Not only do we marvel at Abraham's faith in this, but at Isaac's also. He was not a young child, yet there is no suggestion in the text that he had to be forced into submission. In this, and in other facets of the incident - for example, Isaac carrying the wood for his own sacrificial pyre - it is clear that he is a type of Christ.

 A type points to, or anticipates the ideal. Isaac was chosen, just like the Passover lamb, three days beforehand, with the sacrifice occurring on the fourth day.  Jesus knew what lay ahead of him, but went purposely to Jerusalem. He was put to death at the Passover.

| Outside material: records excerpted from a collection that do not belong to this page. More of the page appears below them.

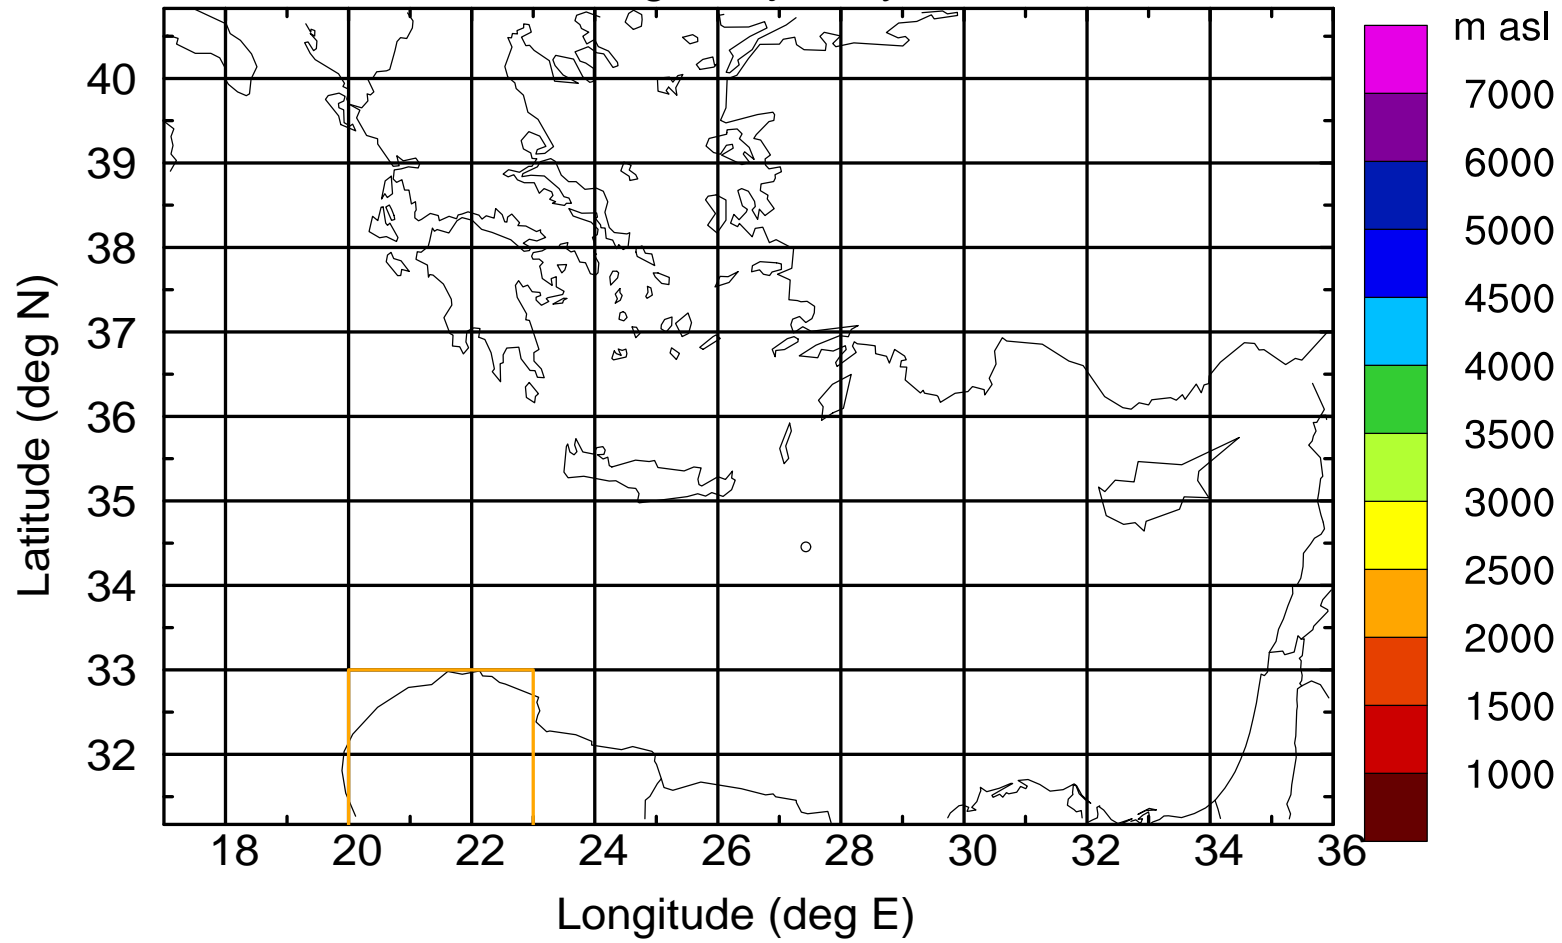

Flight trajectory

Paphos Airport ground station 20170422 8:30 UTC

Flight trajectory

Paphos Airport ground station 20170422 8:30 UTC

Flight trajectory

Paphos Airport ground station 20170422 8:30 UTC

Flight trajectory

 On their journey, Abraham and Isaac are accompanied by two young men. They witnessed everything, up to the point where Abraham took his son aside. This private transaction between Isaac and his father foreshadows what later transpired at Calvary between God and Jesus. Everything in connection with Jesus’ final hours had been so public, but during those hours of darkness, when the whole weight of our sin was laid on Him, only He and the Father were involved.

 It also echoes the entrance of the high priest into the Holy of Holies on the Day of Atonement, unaccompanied and unseen, to make a sacrifice to God. The congregation would wait to see if the sacrifice had been accepted - signified by the return of the high priest into their midst.

 It is God who determines the acceptability of a sacrifice. No one had sufficient merit to atone for the sins of mankind but God Himself. He could not do that as the first person in the Godhead, of course, because He is God and we are sinful humans. That is why the Son became man, to stand in our stead.

 As Abraham raised the knife to kill Isaac, the Lord prevented him. And so, Isaac – like the high priest on the Day of Atonement – emerged from the situation with his life intact.

 When Jesus was nailed to the cross to cover our sins, however, no voice came from Heaven to stay the hands of His executioners. Unlike the  highpriest, or Isaac, His life was required of Him.

 Unlike them, however, He returned, victorious over death itself. He was the once for all sacrifice, defeating sin and death.

Mr MacLeod asked the congregation to consider all this, and to pray that the death of Jesus and all that it has purchased would be made over to themselves.